We mine a huge amount of data from user activity, for various purposes. For example, some data is available at the user level. Some is available at a category level, some at country level, and some global. Sometimes the same type of data might be available in all resolutions. To make all of this data available for various uses in a generic manner, I led the design and architecture efforts for building a custom search engine/repository/database. We invented a brand new hierarchical query language derived from SQL to allow for querying the custom multi-dimensional hierarchical database, and mechanisms to save huge amounts of data in as efficient a manner as possible, while still providing millisecond level query response. This component cannot be seen by end users, but rest assured it is being heavily used. This component is a significant part of the "feedback loop", where activity on the site is automatically collected, analysed, processed and fed back into the live system.
Patents(pending)
Demos
This patent covers the core algorithm used when eBay users sort or filter search
results by distance. Without this algorithm, the implementation was turning out to be many orders of magnitude more expensive, and thus prohibitive. This was enabled on the site around June 2004.
This patent covers the algorithm and methodology used in directing ebay search users
to more effective or alternative search queries, also such that those recommendations are known to be more successful in allowing users to find what
they want. This has been active on the site since June 2005.

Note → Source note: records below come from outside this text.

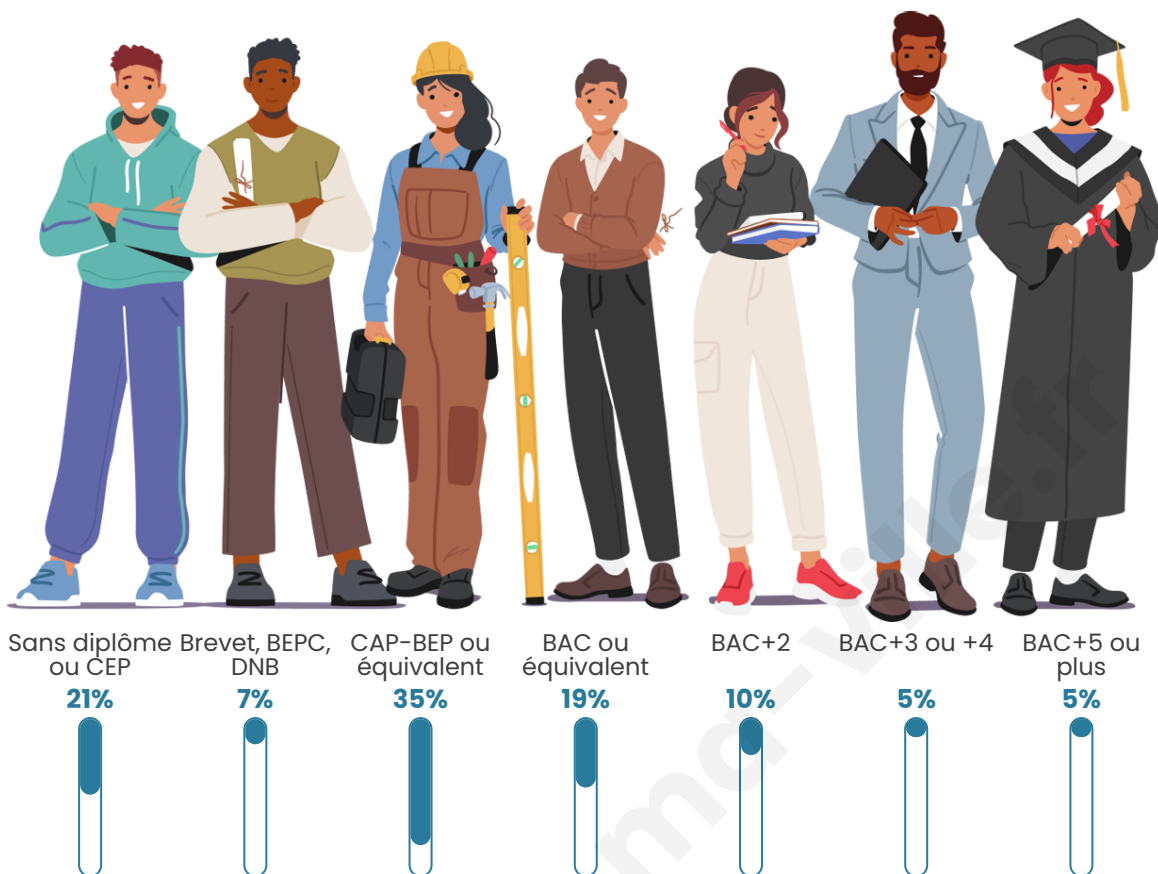

Statistiques sur la population

Nombre d'habitants

940

Age moyen

44 ans

Pop active

46.5%

Taux chômage

6.8%

Pop densité

15 h/km²

Revenu moyen

22 990 €/an

Evolution du nombre d'habitants

Sources : Institut national de la statistique et des études économiques (insee) selon Les dernières parutions officielles de 2024 portant sur les années 2020, 2021 et 2022.

Tranche d'âge

Activité professionnelle

Niveau de diplôme

Composition des ménages

Profils électoraux

Premier tour

	Marine LE PEN	35.43 %
	Emmanuel MACRON	20.86 %
	Jean-Luc MÉLENCHON	12.77 %
	Éric ZEMMOUR	10.25 %
	Valérie PÉCRESE	8.09 %
	Yannick JADOT	3.06 %
	Jean LASSALLE	2.70 %
	Fabien ROUSSEL	2.52 %
	Nicolas DUPONT-AIGNAN	1.98 %
	Nathalie ARTHAUD	1.08 %
	Anne HIDALGO	0.72 %
	Philippe POUTOU	0.54 %

This is the "Best Match" patent.
The above 3 patents relate to the technology and algorithms used to build the "eBay
Adcontext" product.
This relates to a methodology whereby the user is presented with intelligent search recommendations for those cases where the original search resulted in no matches being found.
This prototype demonstrates an image segmentation algorithm which works well for distinguishing foreground objects in eBay listings pictures. This is especially tricky on eBay given the wide spectrum of low quality pictures taken by amateur eBay sellers.
Use this demo to visually enhance your listing's title.
Why eBay is different
The eBay marketplace is not only huge, it is a fantastically dynamic eco-system within itself. As a researcher, one could easily spend one's life exploring the mountains of data this well instrumented eco-system generates minute by minute (I know I could). It gets very tempting to treat the data exactly as it looks; detailed individual activity like an item being listed for sale at a particular time, a search query being performed, so on and so forth, and consequently it looks trivial to run regular data mining algorithms on this data to "generate more understanding". Only a deeper introspection reveals that behind every piece of data, behind every click, there is an individual human being, who possibly earns his/her living on eBay.